Records from a data collection »
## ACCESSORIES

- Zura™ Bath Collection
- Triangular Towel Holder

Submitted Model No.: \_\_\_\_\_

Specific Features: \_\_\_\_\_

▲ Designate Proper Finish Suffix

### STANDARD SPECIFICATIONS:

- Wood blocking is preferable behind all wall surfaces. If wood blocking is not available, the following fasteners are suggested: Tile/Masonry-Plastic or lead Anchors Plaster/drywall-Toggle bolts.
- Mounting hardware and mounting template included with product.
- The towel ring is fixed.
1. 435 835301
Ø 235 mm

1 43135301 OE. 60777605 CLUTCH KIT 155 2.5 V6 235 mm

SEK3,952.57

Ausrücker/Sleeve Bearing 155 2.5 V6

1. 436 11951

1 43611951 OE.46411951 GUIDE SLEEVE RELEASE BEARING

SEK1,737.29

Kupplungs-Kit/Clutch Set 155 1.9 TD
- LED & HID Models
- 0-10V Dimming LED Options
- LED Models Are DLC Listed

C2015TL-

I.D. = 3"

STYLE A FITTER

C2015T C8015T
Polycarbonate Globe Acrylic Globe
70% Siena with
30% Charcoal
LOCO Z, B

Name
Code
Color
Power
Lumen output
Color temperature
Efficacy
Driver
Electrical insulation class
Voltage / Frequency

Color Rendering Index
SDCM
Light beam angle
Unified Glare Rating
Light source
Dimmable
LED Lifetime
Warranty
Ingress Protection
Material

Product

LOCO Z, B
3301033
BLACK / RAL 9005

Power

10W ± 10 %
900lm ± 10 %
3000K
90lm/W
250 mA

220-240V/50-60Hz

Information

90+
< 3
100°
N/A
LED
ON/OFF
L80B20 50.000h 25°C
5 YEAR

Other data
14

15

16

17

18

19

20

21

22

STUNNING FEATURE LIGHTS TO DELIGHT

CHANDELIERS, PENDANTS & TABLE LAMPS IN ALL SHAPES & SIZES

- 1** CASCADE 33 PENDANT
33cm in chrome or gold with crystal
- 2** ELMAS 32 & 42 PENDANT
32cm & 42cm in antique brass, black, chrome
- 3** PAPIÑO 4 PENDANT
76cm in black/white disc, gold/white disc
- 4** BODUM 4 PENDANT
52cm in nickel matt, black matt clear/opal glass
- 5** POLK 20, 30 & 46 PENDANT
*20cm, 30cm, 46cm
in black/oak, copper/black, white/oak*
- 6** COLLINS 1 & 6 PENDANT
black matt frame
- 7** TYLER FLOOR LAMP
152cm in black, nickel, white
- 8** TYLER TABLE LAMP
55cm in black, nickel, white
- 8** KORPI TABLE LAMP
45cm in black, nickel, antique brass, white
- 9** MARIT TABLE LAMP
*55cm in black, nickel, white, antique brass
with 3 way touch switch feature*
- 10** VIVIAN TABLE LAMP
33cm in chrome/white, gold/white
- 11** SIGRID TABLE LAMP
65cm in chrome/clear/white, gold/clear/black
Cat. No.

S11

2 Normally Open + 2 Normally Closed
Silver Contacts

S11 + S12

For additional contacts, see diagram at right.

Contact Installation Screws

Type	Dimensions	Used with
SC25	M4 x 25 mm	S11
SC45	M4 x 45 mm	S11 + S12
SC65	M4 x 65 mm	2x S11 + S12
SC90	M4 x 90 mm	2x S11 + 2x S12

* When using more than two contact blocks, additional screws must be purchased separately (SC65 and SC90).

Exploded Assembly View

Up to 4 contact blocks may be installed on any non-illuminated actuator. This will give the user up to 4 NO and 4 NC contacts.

Activity » Every entry should be retyped exactly as shown.

Solution to this problem »
## ACCESSORIES

- Zura™ Bath Collection
- Triangular Towel Holder

Submitted Model No.: \_\_\_\_\_

Specific Features: \_\_\_\_\_

▲ Designate Proper Finish Suffix

### STANDARD SPECIFICATIONS:

- Wood blocking is preferable behind all wall surfaces. If wood blocking is not available, the following fasteners are suggested: Tile/Masonry-Plastic or lead Anchors Plaster/drywall-Toggle bolts.
- Mounting hardware and mounting template included with product.
- The towel ring is fixed.
1. 435 835301
Ø 235 mm

1 43135301 OE. 60777605 CLUTCH KIT 155 2.5 V6 235 mm

SEK3,952.57

Ausrücker/Sleeve Bearing 155 2.5 V6

1. 436 11951

1 43611951 OE.46411951 GUIDE SLEEVE RELEASE BEARING

SEK1,737.29

Kupplungs-Kit/Clutch Set 155 1.9 TD
- LED & HID Models
- 0-10V Dimming LED Options
- LED Models Are DLC Listed

C2015TL-

I.D. = 3"

STYLE A FITTER

C2015T C8015T
Polycarbonate Globe Acrylic Globe
70% Siena with
30% Charcoal
LOCO Z, B

Name
Code
Color
Power
Lumen output
Color temperature
Efficacy
Driver
Electrical insulation class
Voltage / Frequency

Color Rendering Index
SDCM
Light beam angle
Unified Glare Rating
Light source
Dimmable
LED Lifetime
Warranty
Ingress Protection
Material

Product

LOCO Z, B
3301033
BLACK / RAL 9005

Power

10W ± 10 %
900lm ± 10 %
3000K
90lm/W
250 mA

220-240V/50-60Hz

Information

90+
< 3
100°
N/A
LED
ON/OFF
L80B20 50.000h 25°C
5 YEAR

Other data
14

15

16

17

18

19

20

21

22

STUNNING FEATURE LIGHTS TO DELIGHT

CHANDELIERS, PENDANTS & TABLE LAMPS IN ALL SHAPES & SIZES

- 1** CASCADE 33 PENDANT
33cm in chrome or gold with crystal
- 2** ELMAS 32 & 42 PENDANT
32cm & 42cm in antique brass, black, chrome
- 3** PAPIÑO 4 PENDANT
76cm in black/white disc, gold/white disc
- 4** BODUM 4 PENDANT
52cm in nickel matt, black matt clear/opal glass
- 5** POLK 20, 30 & 46 PENDANT
*20cm, 30cm, 46cm
in black/oak, copper/black, white/oak*
- 6** COLLINS 1 & 6 PENDANT
black matt frame
- 7** TYLER FLOOR LAMP
152cm in black, nickel, white
- 8** TYLER TABLE LAMP
55cm in black, nickel, white
- 8** KORPI TABLE LAMP
45cm in black, nickel, antique brass, white
- 9** MARIT TABLE LAMP
*55cm in black, nickel, white, antique brass
with 3 way touch switch feature*
- 10** VIVIAN TABLE LAMP
33cm in chrome/white, gold/white
- 11** SIGRID TABLE LAMP
65cm in chrome/clear/white, gold/clear/black
Cat. No.

S11

2 Normally Open + 2 Normally Closed
Silver Contacts

S11 + S12

For additional contacts, see diagram at right.

Contact Installation Screws

Type	Dimensions	Used with
SC25	M4 x 25 mm	S11
SC45	M4 x 45 mm	S11 + S12
SC65	M4 x 65 mm	2x S11 + S12
SC90	M4 x 90 mm	2x S11 + 2x S12

* When using more than two contact blocks, additional screws must be purchased separately (SC65 and SC90).

Exploded Assembly View

Up to 4 contact blocks may be installed on any non-illuminated actuator. This will give the user up to 4 NO and 4 NC contacts.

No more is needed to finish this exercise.